5. En troisième lieu, aux termes de l'article R. 431-7 du code de l'urbanisme : " Sont joints à la demande de permis de construire : / a) Un plan permettant de connaître la situation du terrain à l'intérieur de la commune ; / b) Le projet architectural défini par l'article L. 431-2 et comprenant les pièces mentionnées aux articles R. 431-8 à R. 431-12 ". Aux termes de l'article R. 431-8 du même code : " Le projet architectural comprend une notice précisant : () / 2° Les partis retenus pour assurer l'insertion du projet dans son environnement et la prise en compte des paysages, faisant apparaître, en fonction des caractéristiques du projet : () e) Le traitement des espaces libres, notamment les plantations à conserver ou à créer () ". Aux termes de l'article R. 431-9 de ce code : " Le projet architectural comprend également un plan de masse des constructions à édifier ou à modifier coté dans les trois dimensions. Ce plan de masse fait apparaître les travaux extérieurs aux constructions, les plantations maintenues, supprimées ou créées et, le cas échéant, les constructions existantes dont le maintien est prévu () ".
6. La circonstance que le dossier de demande de permis de construire ne comporterait pas l'ensemble des documents exigés par les dispositions du code de l'urbanisme, ou que les documents produits seraient insuffisants, imprécis ou comporteraient des inexactitudes, n'est susceptible d'entacher d'illégalité le permis de construire qui a été accordé que dans le cas où les omissions, inexactitudes ou insuffisances entachant le dossier ont été de nature à fausser l'appréciation portée par l'autorité administrative sur la conformité du projet à la réglementation applicable.
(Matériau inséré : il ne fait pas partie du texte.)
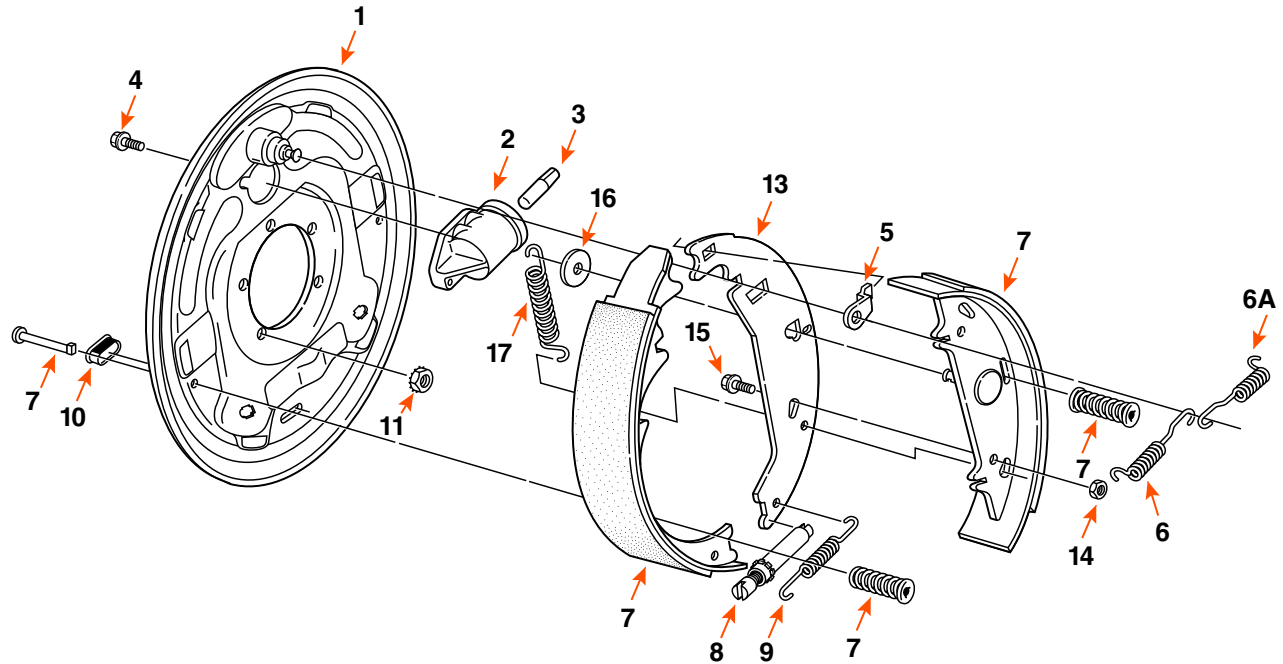

23343

FREIN HYDRAULIQUE / HYDRAULIC BRAKE

DIMENSION	CAPACITÉ CAPACITY	CÔTÉ SIDE	OPTION	MARQUE BRAND
12" X 2"	7K	DROIT / RIGHT	LIBRE RECUL / FREE BACKING	

COMPOSANTE COMPONENT	DESCRIPTION	QUANTITÉ QUANTITY	DEXTER	FRAMECO
2	CYLINDRE DE ROUE SIMPLE-ACTION / UNI-SERVO WHEEL CYLINDER	1	54065	-
3	POUSSOIR DE MAÎTRE CYLINDRE / PUSH ROD CYLINDER	1	54060	-
5	RONDELLE SPÉCIALE / TRAVEL LINK	1	37069	-
6	RESSORT DE RAPPEL / RETRACTOR SPRING	2	46101	-
6A	RESSORT DE RETOUR / SHOE LEVER RETURN SPRING	1	46107	-
7	BANDE DE FREIN / BRAKE SHOE KIT	1	71395	71394-I
7	CLOU POUR BANDE DE FREIN / SHOE HOLD DOWN PIN	1	49006	-
7	RESSORT DE RÉTENTION / SHOE HOLD DOWN SPRING	1	4677	-
8	VIS D'AJUSTEMENT / ADJUSTING SCREW	1	43028	-
9	RESSORT D'AJUSTEMENT / ADJUSTING SCREW SPRING	1	46102	-
10	BOUCHON D'AJUSTEMENT / ADJUSTER PLUG	1	467	-
13	LEVIER DE BANDE DE FREIN / SHOE LEVER	1	4024	-
16	RONDELLE D'ESPACEMENT / WASHER	1	5064	-
17	RESSORT DE RETOUR / PRIMARY SHOE RETURN SPRING	1	46108	-
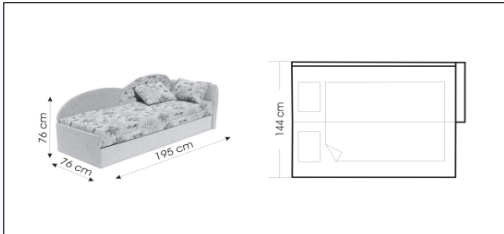

Tapczan
BASIA
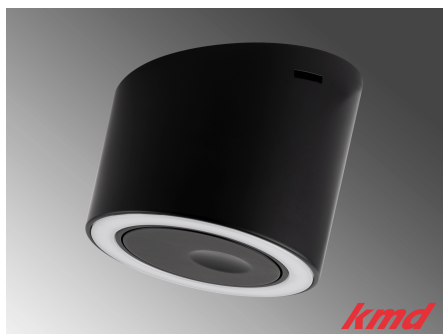

TABLE OF CONTENTS

LED Aufbau Linear	2
LED Aufbauspot	5
LED Einbau Linear	13

LED AUFBAU LINEAR

LED HÄNGELEUCHE EMMA / 19.6W / 3000K

[Weiterlesen](#)

Artikelnummer: LL060950

LED AUFBAUSPOTS

**LED AUF- / ANBAULEUCHE LARA / USB /
4.5W / 2700K / SCHWARZ / MIT
DOPPELTEM USB ANSCHLUSS**

[Weiterlesen](#)

Artikelnummer: LE200459

Preis: CHF 86.80

**LED AUF- / ANBAULEUCHTE LARA / USB /
4.5W / 2700K / STAHL / MIT DOPPELTEM
USB ANSCHLUSS**

[Weiterlesen](#)

Artikelnummer: LE200458

Preis: CHF 86.80

**LED AUF- / ANBAULEUCHTE LARA /
MASTER / 4.5W / 2700K / SCHWARZ / MIT
INTEGRIERTEM DIMMSCHALTER**

[Weiterlesen](#)

Artikelnummer: LE200455

Preis: CHF 92.90

**LED AUF- / ANBAULEUCHTE LARA /
MASTER / 4.5W / 2700K / STAHL / MIT
INTEGRIERTEM DIMMSCHALTER**
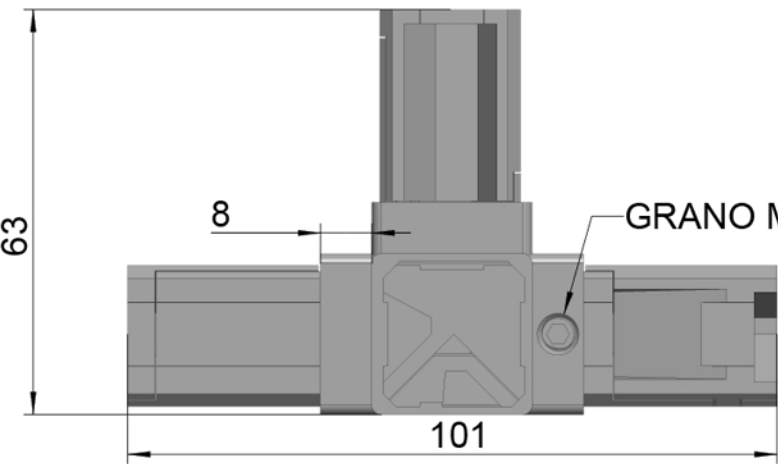

TAGLIO DEL TUBO

GIUNTO A 5 VIE 25X25X1,2 MM - CODICE : G25-5

MATERIALE: ZAMA
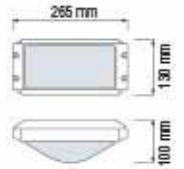

HIMALAYA

WHITE

BLACK

• 220-240V / 50-60Hz
• Max. 60W
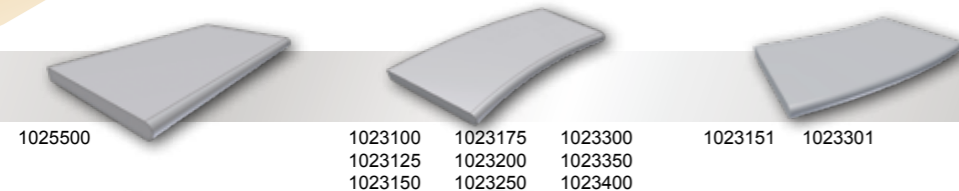

GERADE - RADIUS
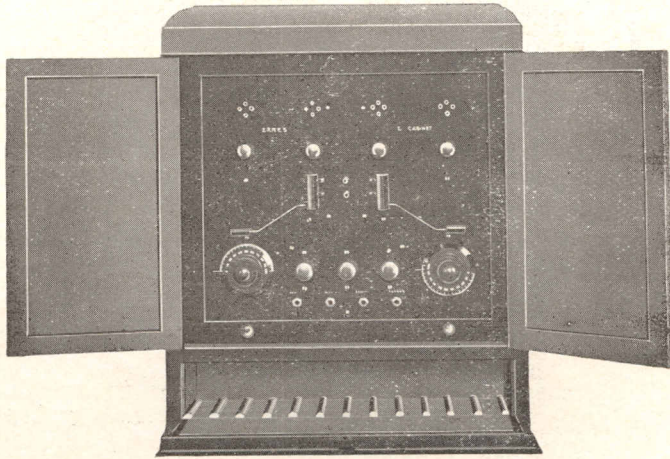

## Ontvang-Apparaat Erres L. Cabinet

Dit toestel is technisch geheel gelijk aan het normale model Erres L. De uitvoering is met inschuifbare frontplaat en het geheel afsluitbaar.

Het apparaat is in fijn gepolitoerd mahoniehout uitgevoerd en sierlijk van lijn en is een sieraad voor elke kamer.
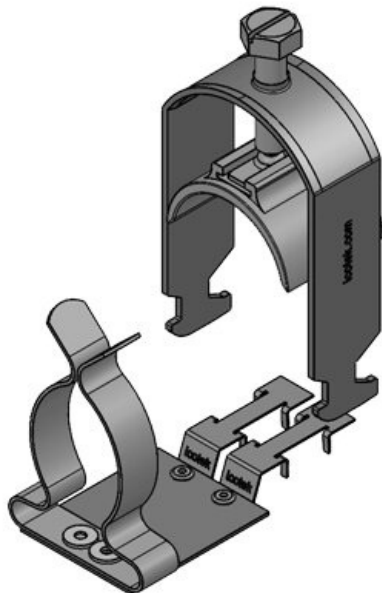

CC-LFC 23-32|SKL 22-30

ArtNr.	37683	Min.	22 mm
EAN	4251269323	Kabelskärmens diam.	
	683	Max.	30 mm
Antal	10	Kabelskärmens skärmklämmor	diam.
Antal	1	Bredd	38 mm
Längd	45,9 mm	Höjd	52 mm
Dragavlastning 1 (enligt EN 62444)	1	Monteringshöjd	72 mm
För antal kablar	1	d	

CC-LFC 32-38|SKL 30-38

ArtNr.	37688	Min.	30 mm
EAN	4251269324	Kabelskärmens diam.	
	192	Max.	38 mm
Antal	10	Kabelskärmens skärmklämmor	diam.
Antal	1	Bredd	44 mm
Längd	87,7 mm	Höjd	62 mm
Dragavlastning 1 (enligt EN 62444)	1	Monteringshöjd	78 mm
För antal kablar	1	d	

CC-LFC 38-42|SKL 30-38

ArtNr.	37684	Min.	30 mm
EAN	4251269323	Kabelskärmens diam.	
	782	Max.	38 mm
Antal	10	Kabelskärmens skärmklämmor	diam.
Antal	1	Bredd	48 mm
Längd	87,7 mm	Höjd	67 mm
Dragavlastning 1 (enligt EN 62444)	1	Monteringshöjd	82 mm
För antal kablar	1	d	

CC-LFC 42-50|SKL 38-48

ArtNr.	37685	Min.	38 mm
EAN	4251269323	Kabelskärmens diam.	
	799	Max.	48 mm
Antal	10	Kabelskärmens diam.	
Antal skärmklämmor	1	Bredd	55 mm
Längd	87,7 mm	Höjd	83 mm
Dragavlastning (enligt EN 62444)	1	Monteringshöjd	101 mm
För antal kablar	1	d	
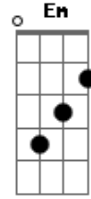

© ukulele-chords.com

7. D'une part, le plan de situation PC1 du dossier de demande, qui mentionne les rues et places aux alentours immédiats du projet, ainsi que la notice et le formulaire Cerfa, qui indiquent l'adresse du projet, permettent de connaître la situation du terrain d'assiette à l'intérieur de la commune de Biarritz. D'autre part, la notice mentionne que les plantations existantes en dehors de l'emprise des constructions ne seront pas modifiées et que le seul arbre de haute tige, situé en limite de propriété, ne sera pas concerné par les travaux. La comparaison des plans de masse de l'état existant et du projet permet d'identifier les plantations existantes qui seront supprimées et de constater que des plantations seront réalisées, en particulier au bord de la piscine. Enfin, s'il est vrai que les plans du dossier ne comportent pas la mention de l'ensemble des dimensions du projet, cette circonstance n'a pas été de nature à fausser l'appréciation portée par l'autorité administrative sur la conformité du projet à la réglementation applicable, compte tenu de la production, non contestée, de plans à l'échelle. Dans ces conditions, le moyen tiré de ce que le dossier de demande aurait été incomplet doit être écarté dans ses différentes branches.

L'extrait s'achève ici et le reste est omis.